» What the task requires
Beneath this task are records; state how many of their lines hold the word "Wattage", and nothing else.

(Extracted records)

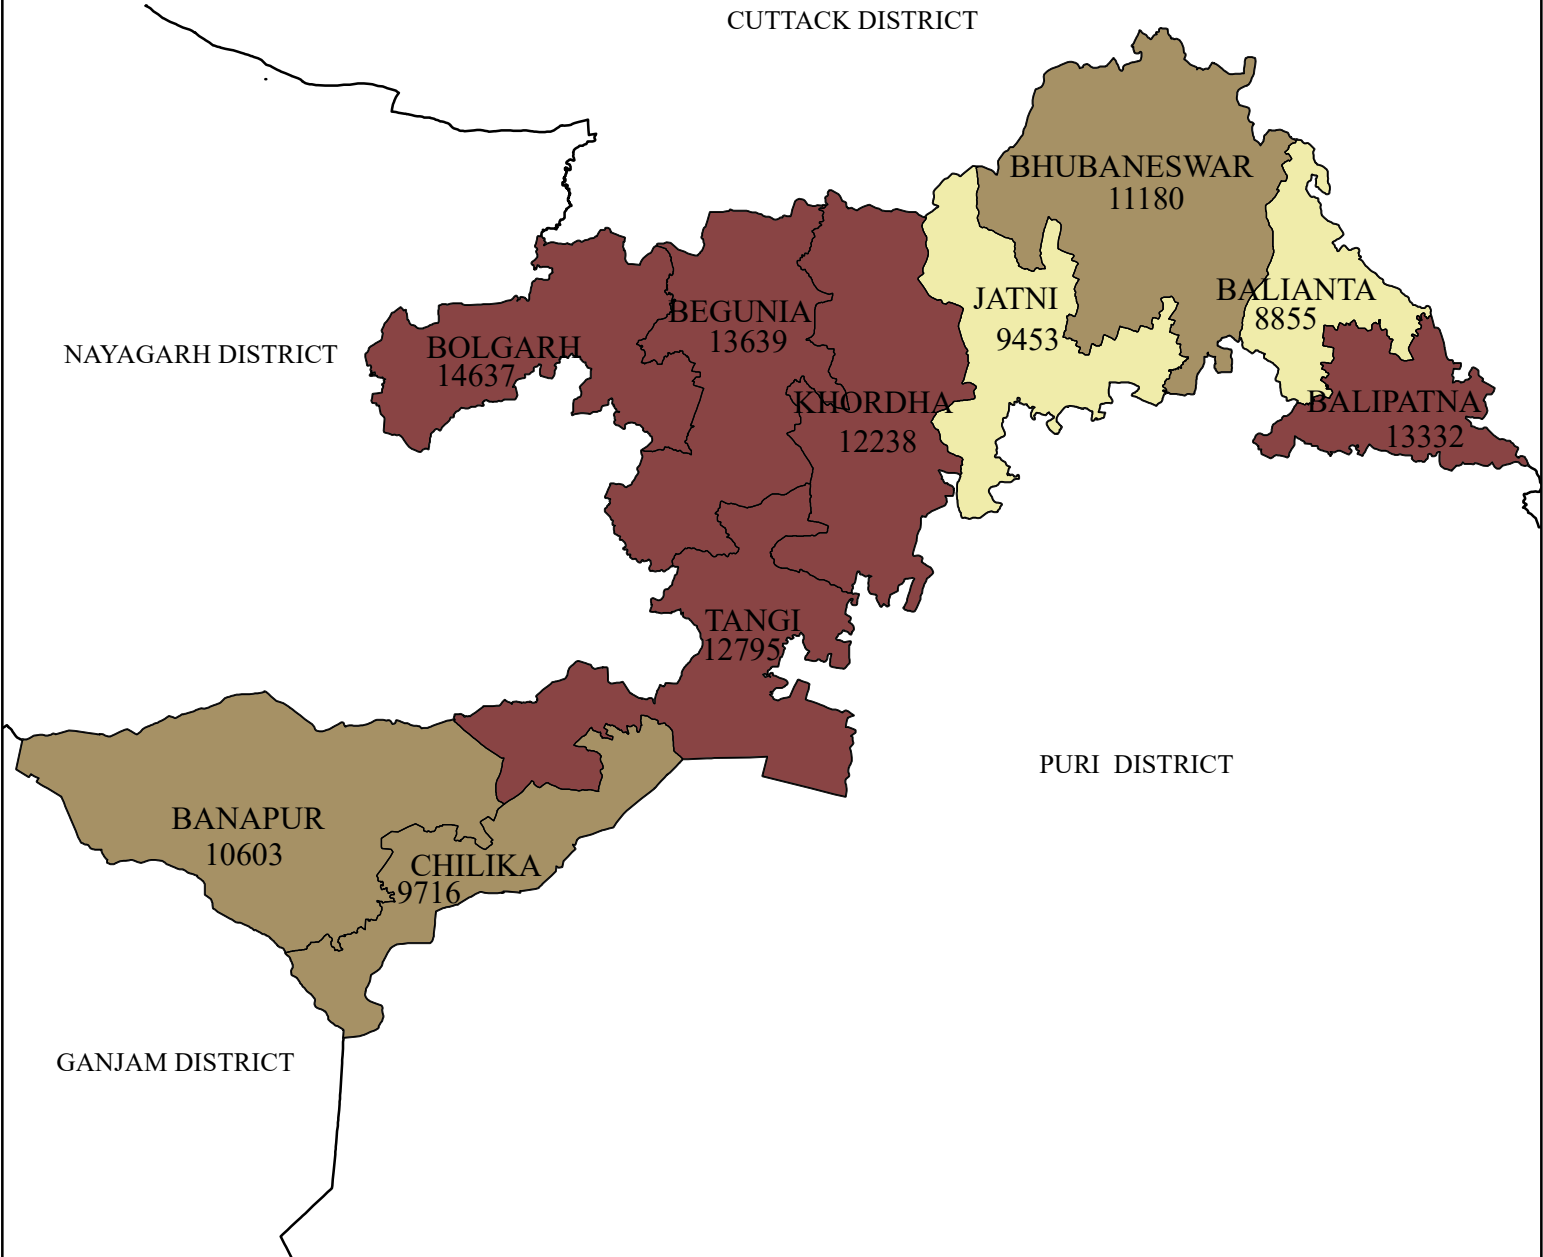

MARGINAL WORKERS DISTRICT: KHORDHA

LEGEND

MARGINAL WORKERS

- 8855 - 9710 (LOW)
- 9711 - 12230 (MEDIUM)
- 12231 - 14637 (HIGH)

- DISTRICT BOUNDARY
- BLOCK BOUNDARY

Source : Census - 2011

INDEX

0 5 10 20 Kilometers
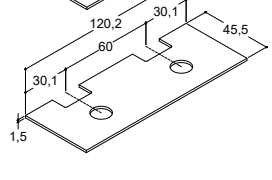

MARCATO FOR SOLID SURFACE COUNTERTOP SOLUTIONS
- For vanity unit height 48 cm

Width	Colour	Material	450.00	450.00	450.00
40,5 cm	White matt	Solid surface	532200003	532200003	532200003
-3/+3 mm	White matt without tap hole	Solid surface	532200103	532200103	532200103

Without overflow hole. Important - please note product information.

SOLID SURFACE COUNTERTOP FOR MARCATO - For vanity unit height 48 cm

Width	Colour	Position	557.00	557.00	557.00
120 cm	White matt	Centre	337061343	337061343	337061343

Please select 1x120 cm vanity unit

120 cm	White matt	Right	337064343	337064343	337064343

Please select 1x60 cm vanity unit and 1x60 cm base unit

120 cm	White matt	Left	337063343	337063343	337063343

Please select 1x60 cm vanity unit and 1x60 cm base unit

120 cm	White matt	Double	337062343	337062343	337062343

Please select 1x120 cm double vanity unit or 2x60 cm vanity unit

CANTO FOR WOODEN COUNTERTOP SOLUTIONS

Width	Colour	Material	-	-	543.00
61 cm	White	Porcelain	-	-	530506103
-5/+8 mm	White without tap hole	Porcelain			530506103-1

Without overflow hole. Important - please note product information.
Can be installed with concealed overflow system (see page 274)

WOODEN COUNTERTOP SOLUTIONS FOR CANTO

Width	Colour	Position	-	-	199.00
120 cm	Ash grey	Centre	-	-	335912198
	Oak	Centre	-	-	335912186
	Grey matt	Centre	-	-	335912103
	Lava	Centre	-	-	335912196
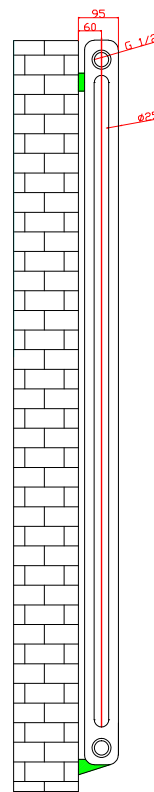

1200 x 372 Image Shown

These products are designed as a warmer of dry towels. Placing wet towels or garments on these products may result in the deterioration of the surface finish.

RA921

RA922

RA920

| Height | Width | Tapping Centres | Wall to Pipe Centres | Watts | BTU's | Code |
|--------|-------|-----------------|----------------------|-------|-------|-------|
| 1200 | 372 | 372 | 76 | 853 | 2910 | RA930 |
| 1800 | 287 | 287 | 76 | 959 | 3271 | RA931 |
| 1800 | 372 | 372 | 76 | 1279 | 4365 | RA932 |
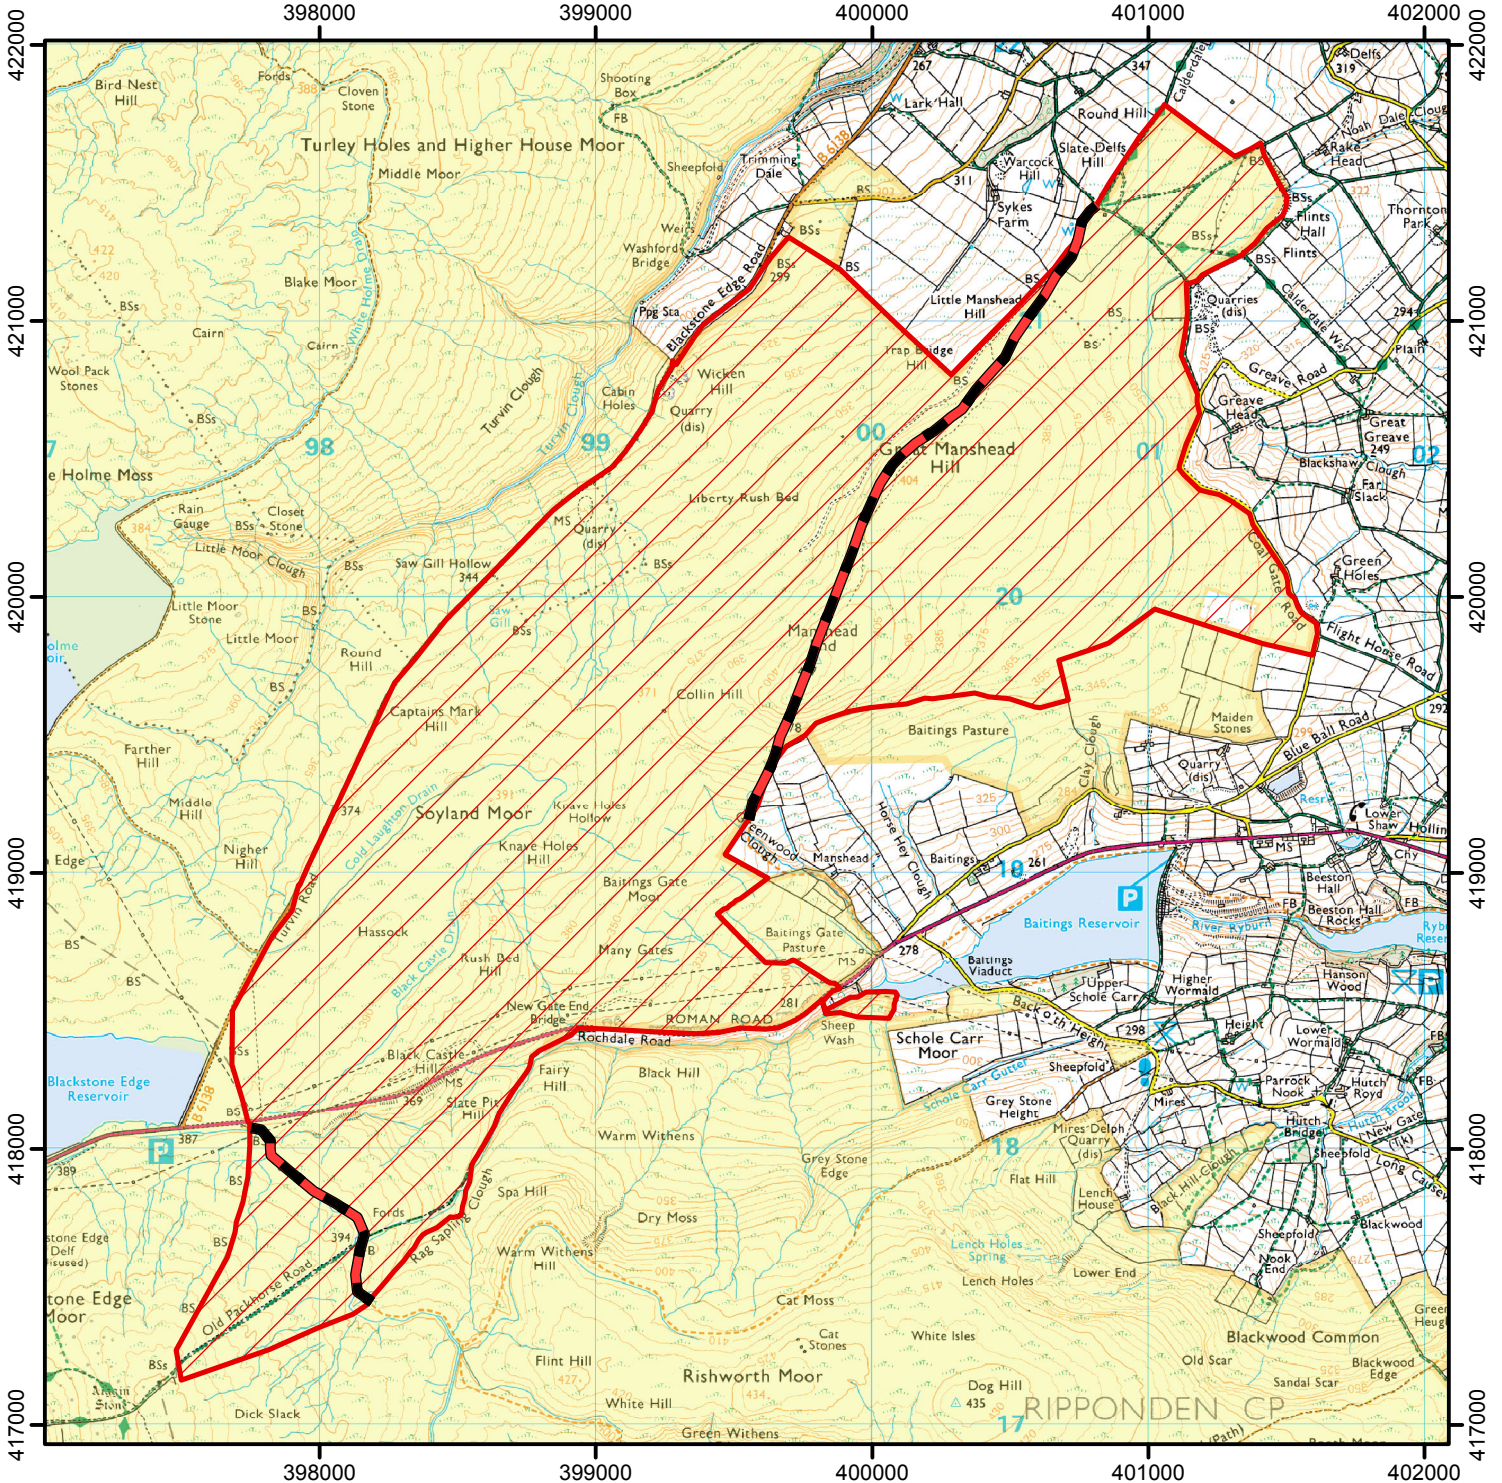

DOGS ONLY ALLOWED ON PERMITTED ROUTES

To protect sensitive wildlife, dogs are only permitted on the routes indicated on the map below. Dogs are not allowed on the open access land shown hatched. This does not apply to dogs kept under effective control on Public Rights of Way.

Case Number
2005030003

Period of Restriction: Annually between 1st March & 31st July until 2021.

0 500 1,000 2,000 Metres

© Crown Copyright and database right 2015. All rights reserved. Ordnance Survey Licence number 100022021

- Open Access Land
- Restricted Open Access Land
- Permitted Routes

For more information call the Open Access Contact Centre on 0300 060 2091 or visit our website at www.gov.uk/right-of-way-open-access-land/use-your-right-to-roam
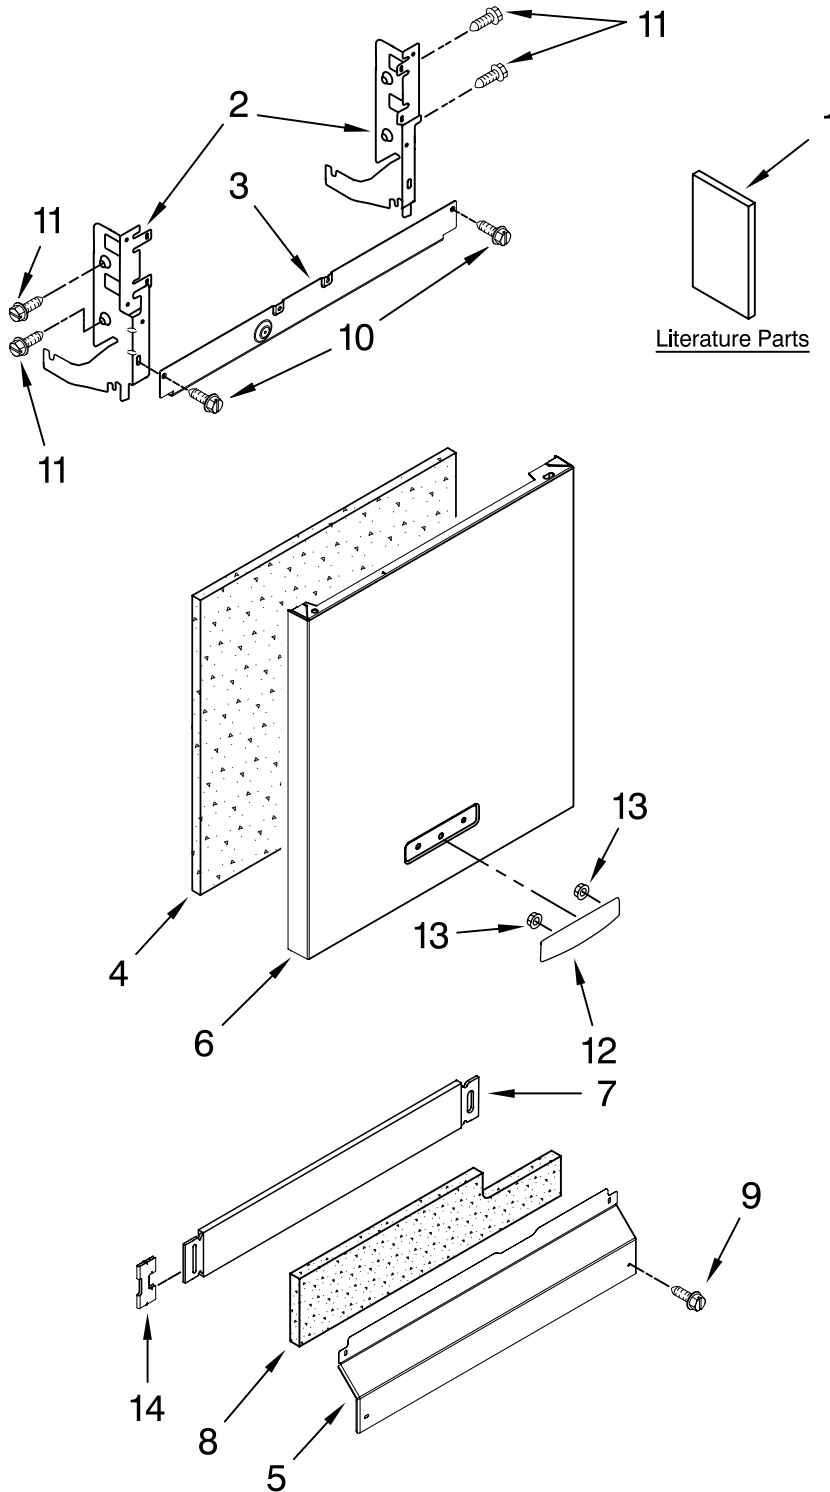

# KitchenAid® DOOR AND PANEL PARTS

For Models: KUDS30IVBL0, KUDS30IVWH0, KUDS30IVBT0, KUDS30IVSS0, KUDK30IVBS0  
 (Black) (White) (Biscuit) (Stainless) (Black/Stainless)

UNDERCOUNTER  
 DISHWASHER

Illus. No.	Part No.	DESCRIPTION
1	W10056407	Literature Parts
	W10056439	Instructions, Installation
	W10205938	Energy Guide
	W10205937	Guide, Use & Care Spanish
	W10130990	Guide, Use & Care English/French
	W10130990	Tech Sheet
2		Arm, Hinge
	8534854	Left
	8534853	Right
3	8268983	Stiffener, Door
4	W10073520	Insulation, Door
5		Access Panel
	8573255	Black
	8573256	White
	8573257	Biscuit
6		Panel, Full Front (Includes Items 4, 12 & 13)
	W10077995	Black
	W10077996	White
	W10077997	Biscuit
	W10137620	Stainless
7		Toe Panel (Includes Items 8 & 14)
	8558252	Black
	8558253	White
	8558254	Biscuit
8	8268581	Insulation, Toe Panel
9		Screw
	302868	Black
	3400836	White
	3400865	Biscuit
10	304392	Screw
11	3400071	Screw
12		Nameplate
	W10021860	Black
	W10021870	White
	W10021880	Biscuit
	W10021850	Stainless
13	2004333	Nut
14	8269016	Clip, Grounding

# CONTROL PANEL PARTS

For Models: KUDS30IVBL0, KUDS30IVWH0, KUDS30IVBT0, KUDS30IVSS0, KUDK30IVBS0  
 (Black) (White) (Biscuit) (Stainless) (Black/Stainless)

Illus. No.	Part No.	DESCRIPTION
1		Console Assembly (Includes Insert)
	W10056466	Black
	W10056467	White
	W10056468	Biscuit
	W10056469	Stainless
2	8268540	Spring, Handle
3	8546546	Clip, BI-Metal
4	3400412	Screw
5	8524471	Actuator, Latch
6	661663	BI-Metal
7	3369051	Screw
8		Handle, Latch
	8269117	Black
	8269167	White
	8269168	Biscuit
9	8524476	Bolt, Latch
10	W10084141	Control, Electronic
11	8269209	Switch, Door
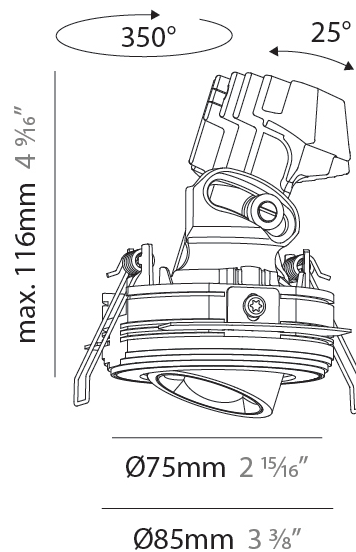

PHYSICAL

Shape: Round
Diameter (mm): 75
Diameter (in): 2 ¹⁵/₁₆
Height (mm): 116
Height (in): 4 ⁹/₁₆
Ceiling Thickness (mm): 10 / 12.5 / 15 / 25
Ceiling Thickness (in): 3/8 or 1/2 or 9/16 or 1
Min. Recessing Depth (mm): 125
Min. Recessing Depth (in): 4 ¹⁵/₁₆
Light Distribution: Direct
Diffuser: Lens Pack - Spread Lens / Linear Spread Lens / Honeycomb Louver
Fixture Finish: SSR / BKV / CWI / CRY / HAB / LAG / UFT / ITA / RUA / RUR / MIC / FTG / MYG / TWT / LOD / PUS / FRO / FUP / KIA / POP / BLS / SPG / MEY / GOH / GUM / CHC / COM / ABZ / JAG / OBR / MOS / ROR
Fixture Material: Aluminum Die Cast
Cut-out Measurements: D. 86mm / 3 3/8"

ELECTRICAL

Lamp Type: LED (Zhaga Standard)
Input Wattage (W): 16
Total Output Wattage (W): 14.6
Dimming: Tri-Mode (Non-Dimming and Phase Dimming (120Vac only) and 0-10V Dimming)
Driver Included: No
Driver Location: Recessed Housing
Driver Type: Constant Current - Universal
Driver Class: Class 2
Input Voltage (V): 120 - 277
Constant Current (MA): 350

LED

Number of LEDs: 1
Color Temperature (°K): 2700 / 3000 / 3500 / 4000
Max. Delivered Lumen (lm): 1295 / 1377 / 1442 / 1455
Nominal Lumen (lm): 1566 / 1665 / 1743 / 1759
CRI: >90 CRI
Lamp Life (hrs): 50000

OPTICAL

Reflector: 34
Adjustability: Rotational 350° / Tilt 25°

RATINGS AND CERTIFICATIONS

Certified By: Certified for North American Standards
IP rating: IP20
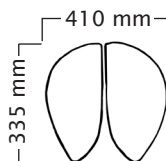

Foot Height Control gas spring:

not available
not available
not available

User height (cm)	<150	150-170	>160
Gas spring	short	medium	long

Light Tilt plastic base

Total weight 7,6 kg
Seat weight 3,9 kg

Standard gas spring:

mini: 445 ~ 535 mm
short: 500 ~ 635 mm
medium: 590 ~ 775 mm
long: 655 ~ 910 mm

Foot Height Control gas spring:

not available
not available
not available

User height (cm)	<150	150-170	>160
Gas spring	short	medium	long
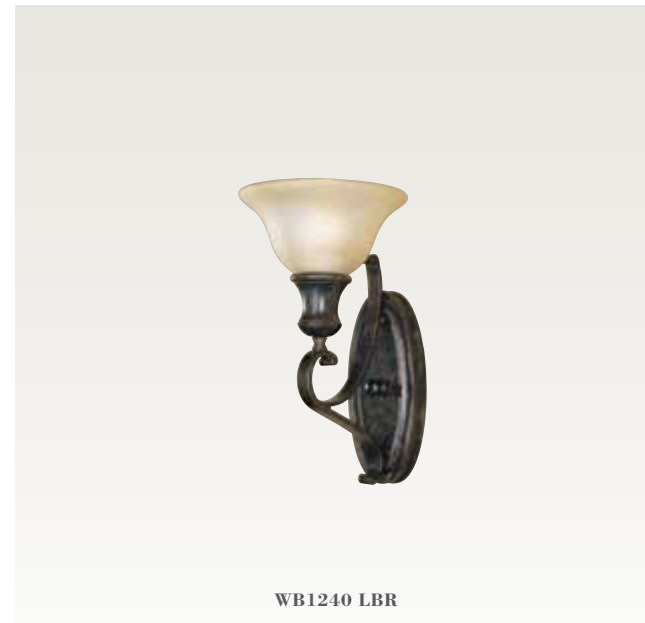

5-Light Chandelier

F1929/5 LBR
H: 25.5" D: 24.5"
(5) 60W Candelabra

Uplight

F1931/3 LBR
H: 28.25" D: 24.25"
(3) 100W Medium

Mini-Pendant

P1082 LBR
H: 19.5" D: 6"
5' Chain
(1) 100W Medium

Semi-Flushmount

SF194 LBR
H: 12.75" D: 17.75"
(2) 100W Medium

Semi-Flushmount

SF231 LBR
H: 11" D: 14.75"
(2) 100W Medium

Wall Sconce

WB1240 LBR
H: 13.25" W: 7.25" E: 8.25"
(1) 100W Medium
Ⓛ

Flushmount

FM266 LBR
H: 7" D: 14"
(2) 60W Medium
Ⓛ

3-Light Vanity

VS9203-LBR
H: 9.25" W: 26.25" E: 10"
(3) 100W Medium
Ⓛ

» Completed exercise
2